Metadata Extraction from Scientific Lab Notebooks
Design and Evaluation of a Multi-Agent System
S.J.M. Backer (TU Delft - Electrical Engineering, Mathematics and Computer Science)
C. Lofi – Mentor (TU Delft - Electrical Engineering, Mathematics and Computer Science)
E.E. Ferradosa – Mentor (TU Delft - Electrical Engineering, Mathematics and Computer Science)
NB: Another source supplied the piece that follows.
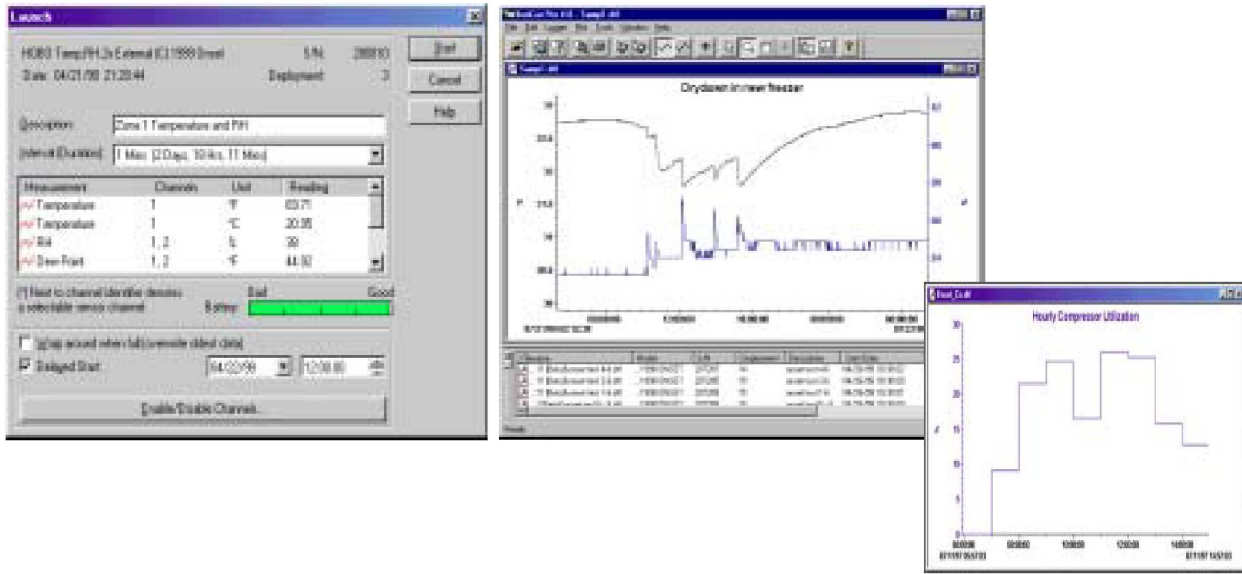

数据处理软件

主局只要一台电脑就可以按所设时间间隔,进行扫描采集数据,并且用附属分析处理软件进行分析处理。用户能方便地进行测量通道的设置和变更、数据的输出格式采用国际标准格式,可以输出Text文件或者Excel文件,可以用Excel软件来编集处理数据,作成报表或打印数据。

Web网络实况发布软件（选购件）

网络实况发布数据、为在中心的指挥人员提供强有力的现场指挥调整支撑。并且可以自动作成年报、月报、日报、时间报,可以下载数据以及具有印刷等等功能,可以使用GIS(地理信息)来制作网络发布系统。可以在网上提供气象信息、灾情信息、预警信息等。

M.J.T. Reinders – Graduation committee member (TU Delft - Electrical Engineering, Mathematics and Computer Science)
More Info
expand_more
Other than for strictly personal use, it is not permitted to download, forward or distribute the text or part of it, without the consent of the author(s) and/or copyright holder(s), unless the work is under an open content license such as Creative Commons.
Abstract
High-quality, interpretable metadata is essential for enabling data reuse and reproducibility in the life sciences. Frameworks such as the Investigation–Study–Assay (ISA) model provide a structured way to describe experimental workflows, yet in practice metadata remains incomplete, inconsistent, and costly to produce. Lab notebooks, which record experimental procedures, offer a promising source to extract metadata from, but their unstructured nature makes extraction challenging.
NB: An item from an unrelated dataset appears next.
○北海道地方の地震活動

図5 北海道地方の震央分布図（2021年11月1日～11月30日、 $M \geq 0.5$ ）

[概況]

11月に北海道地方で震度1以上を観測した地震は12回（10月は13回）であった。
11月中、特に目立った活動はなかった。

This thesis investigates extracting ISA metadata from lab notebooks using LLM-based multi-agent systems. It also addresses the lack of suitable methods for evaluating the performance of such tasks. To this end, this thesis contributes two artefacts: (1) a prototype multi-agent system that extracts ISA metadata from lab notebooks, and (2) a rubric-based evaluation framework which formalises and assesses extraction performance.
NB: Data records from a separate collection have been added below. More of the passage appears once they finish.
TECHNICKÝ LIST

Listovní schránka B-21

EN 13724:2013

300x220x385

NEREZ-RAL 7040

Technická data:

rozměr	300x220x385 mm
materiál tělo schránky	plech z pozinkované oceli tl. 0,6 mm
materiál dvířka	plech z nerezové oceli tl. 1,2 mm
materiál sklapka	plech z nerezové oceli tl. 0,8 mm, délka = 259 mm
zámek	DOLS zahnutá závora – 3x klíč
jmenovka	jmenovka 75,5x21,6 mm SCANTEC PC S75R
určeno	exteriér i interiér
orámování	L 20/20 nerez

A feasibility study is conducted on a set of real-world lab notebooks to evaluate the proposed multi-agent system. The results show that partial extraction is achievable with the current prototype, with 41% of ISA entities represented well, and another 27% sufficiently. Therefore, the prototype can provide a practical starting point for researchers in their ISA metadata creation task. While fully automated extraction remains challenging with the current prototype due to missing and insufficiently represented ISA entities, this work provides recommendations for future system design based on the performed feasibility study. Specifically, to operationalise multi-agent ISA extraction in practical workflows, this thesis recommends building a human-in-the-loop system where researchers and agents collaborate to construct metadata.